1. Introduction

daScript is high-performance statically strong typed scripting language, designed to be high-performance as embeddable “scripting” language for real-time applications (like games).

daScript offers a wide range of features like strong static typing, generic programming with iterative type inference, Ruby-like blocks, semantic indenting, native machine types, ahead-of-time “compilation” to C++ and fast and simplified bindings to C++ program.

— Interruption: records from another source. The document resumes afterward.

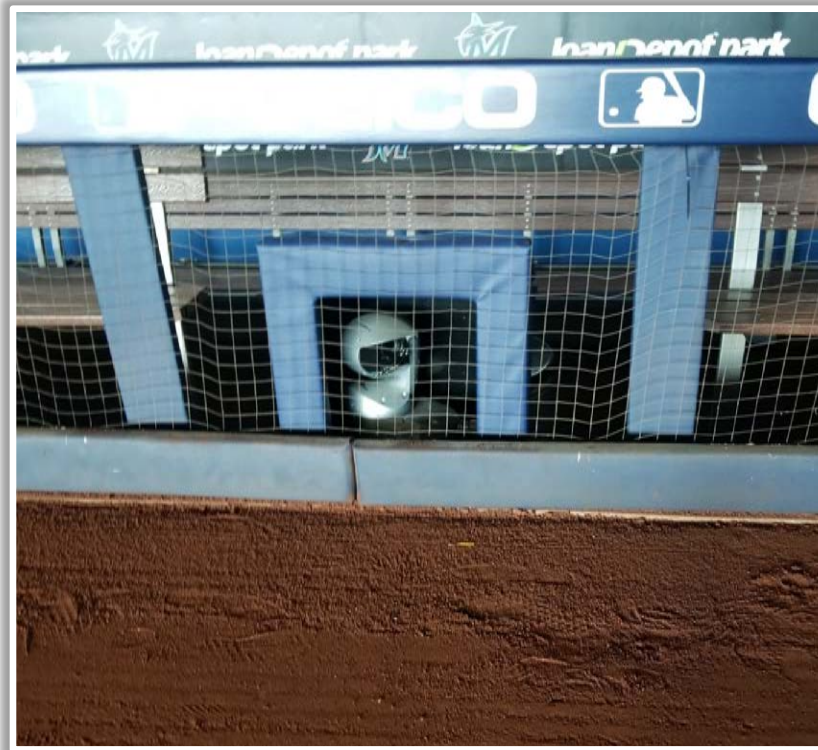

loanDepot park Ground Rules

RULE #5: The Center Field Zone is recessed and behind the left-center field wall.

- Ball in flight: **Home Run**
- Bounding ball: **Out of Play**

loanDepot park Ground Rules

RULE #6: The blue wall or metal safety railing is recessed and behind the right field wall.

3B Camera Well Photos:

loanDepot park Ground Rules

3B iPad Camera Photos:

3B Batter Camera

A ball that strikes the camera behind the netting and enclosed padding is **live and in play** unless it becomes lodged or is otherwise deemed unplayable (i.e. goes completely through the netting).

RF Corner Photos (Cont.):

loanDepot park Ground Rules

RF Extended Fan Safety Netting Photos:

loanDepot park Ground Rules

1B Camera Well Photos:

loanDepot park Ground Rules

1B iPad Camera Photos:

1B Batter Camera

A ball that strikes the camera behind the netting and enclosed padding is **live and in play** unless it becomes lodged or is otherwise deemed unplayable (i.e. goes completely through the netting).

1B Pitcher Camera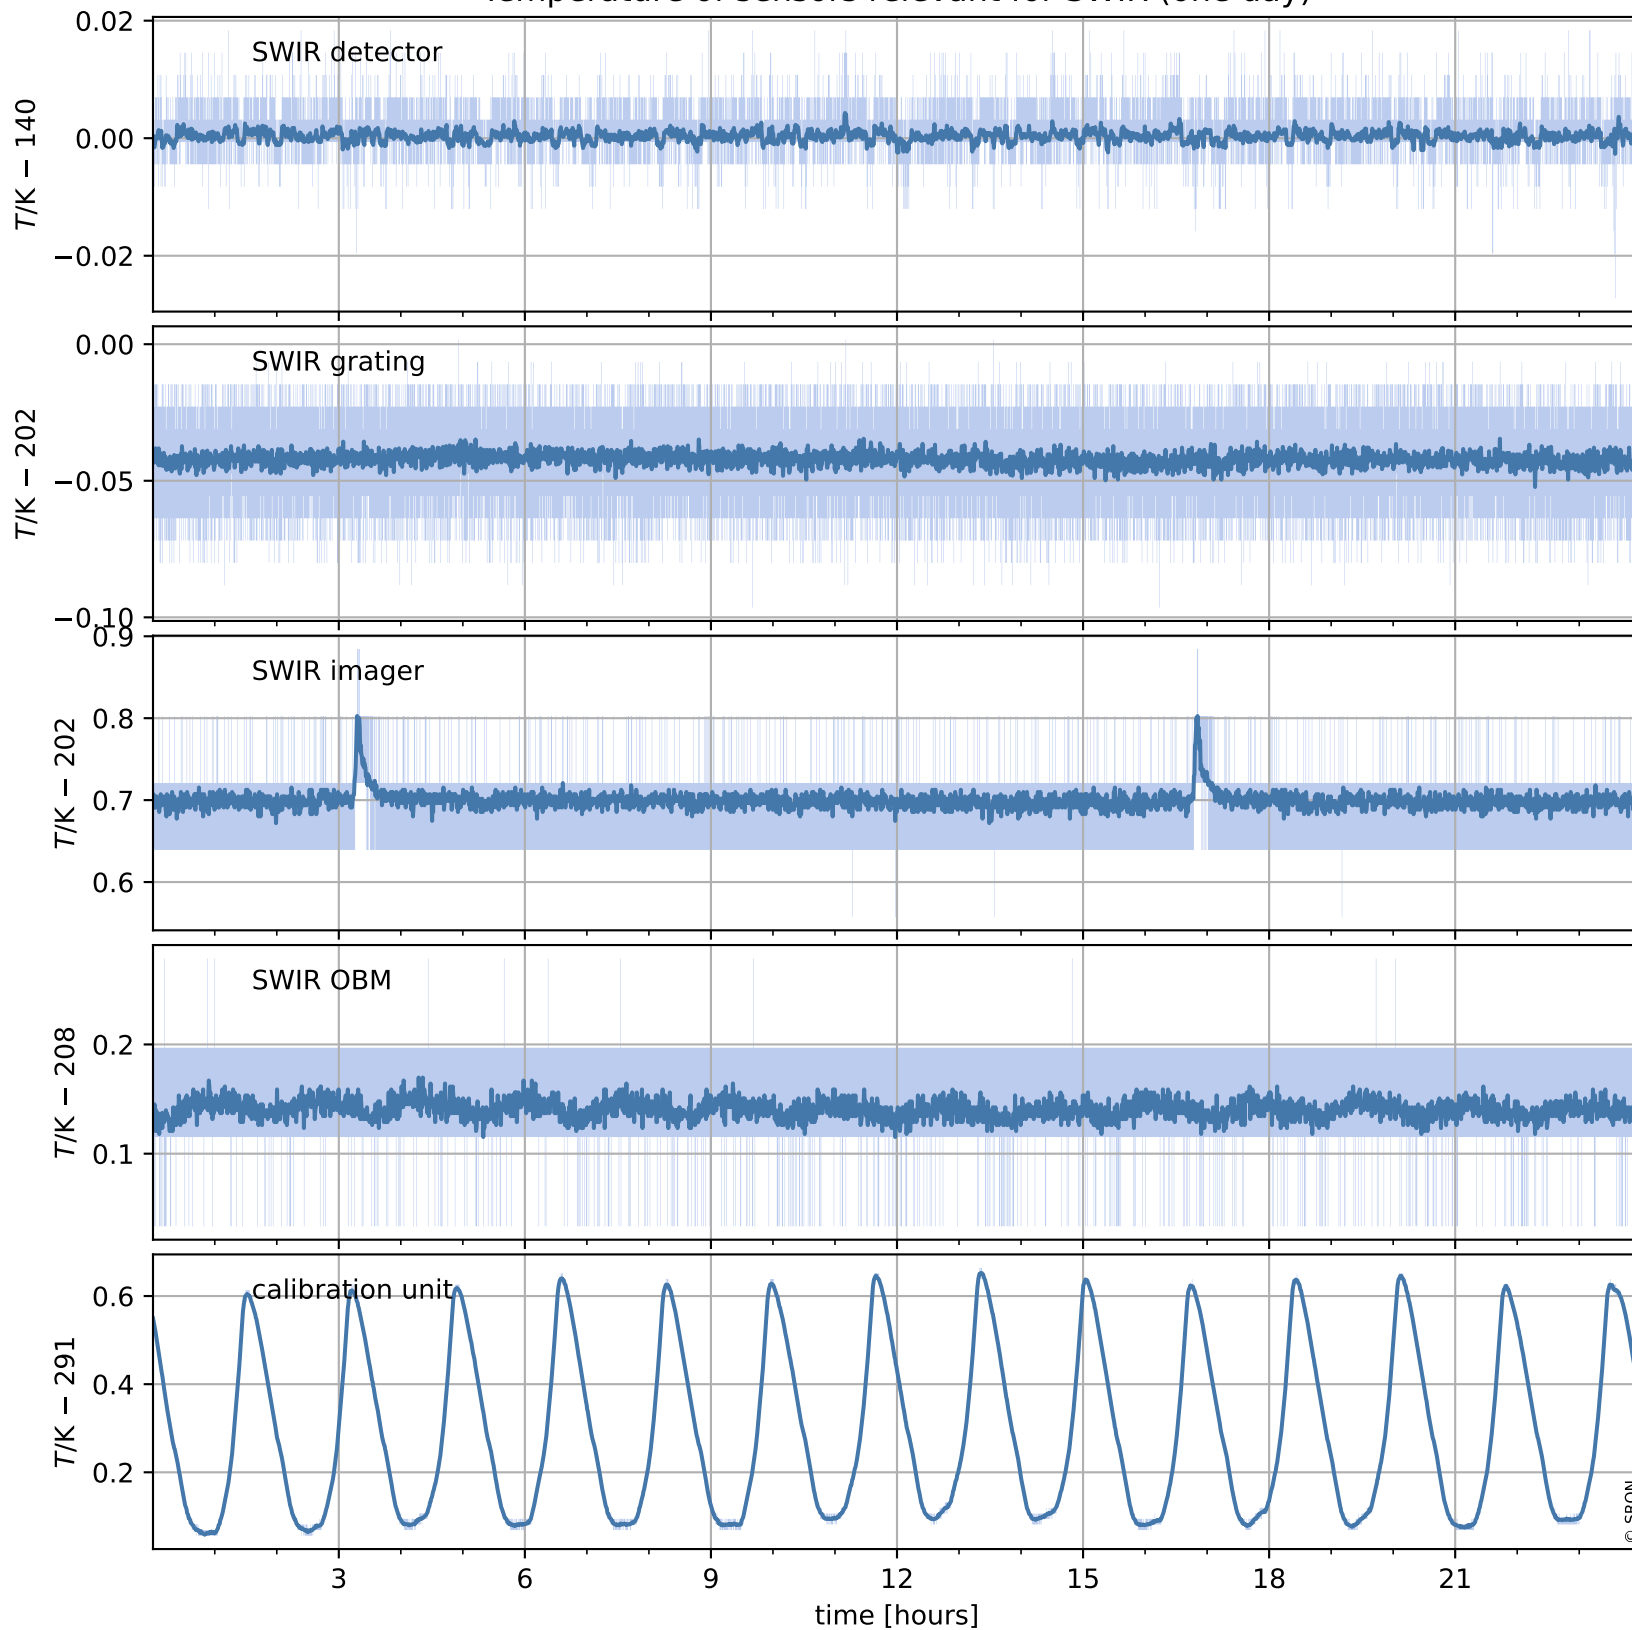

# Tropomi SWIR housekeeping data

orbits : [31051, 31065]  
coverage : 2023-10-11 / 2023-10-12  
created : 2023-10-12T14:21:08

## Temperature of sensors relevant for SWIR (one day)

## Temperature of sensors relevant for SWIR (last month)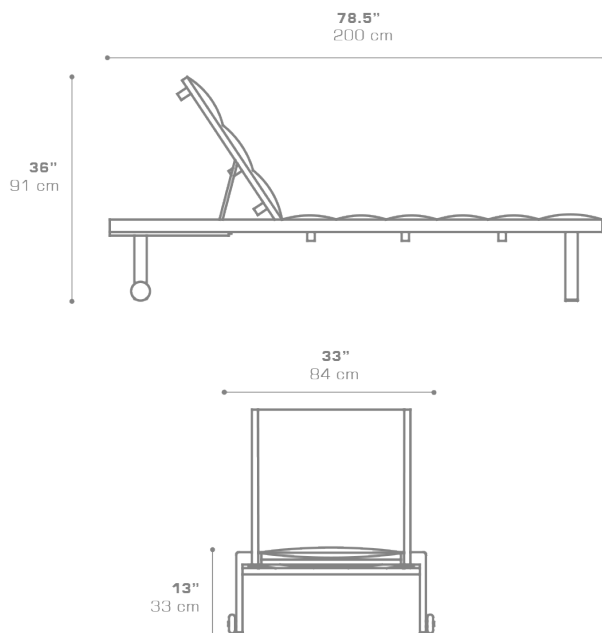

ALLUX Stackable Lounger with Wheels (Padded Sling)

MZ174PS

Protective cover available

Suitable for rooftop

Stackable

Heavier than regular items, suitable for more windy areas

DIMENSIONS

CONFIGURATIONS

FRAME : Powder Coated Aluminum

PADDED SLING : Grade P

Protective Cover :
MZ174PC Protective Cover

PACKING DETAILS

NW : 35 lb | 16 kg
GW : 57 lb | 26 kg
VOL : 15 ft³ | 0.42 m³
PU : 2 / Box

DOWNLOAD MATERIALS

It’s philosophy is build around modified Zen of Python.

  • Performance counts.

  • But not at the cost of safety.

  • Unless is explicitly unsafe to be performant.

  • Readability counts.

  • Explicit is better than implicit.

  • Simple is better than complex.

  • Complex is better than complicated.

  • Flat is better than nested.

daScript is supposed to work as “host data processor”. While it is technically possible to maintain persistent state within script context (with a certain option set), daScript is designed to transform your host (C++) data/implement scripted behaviors.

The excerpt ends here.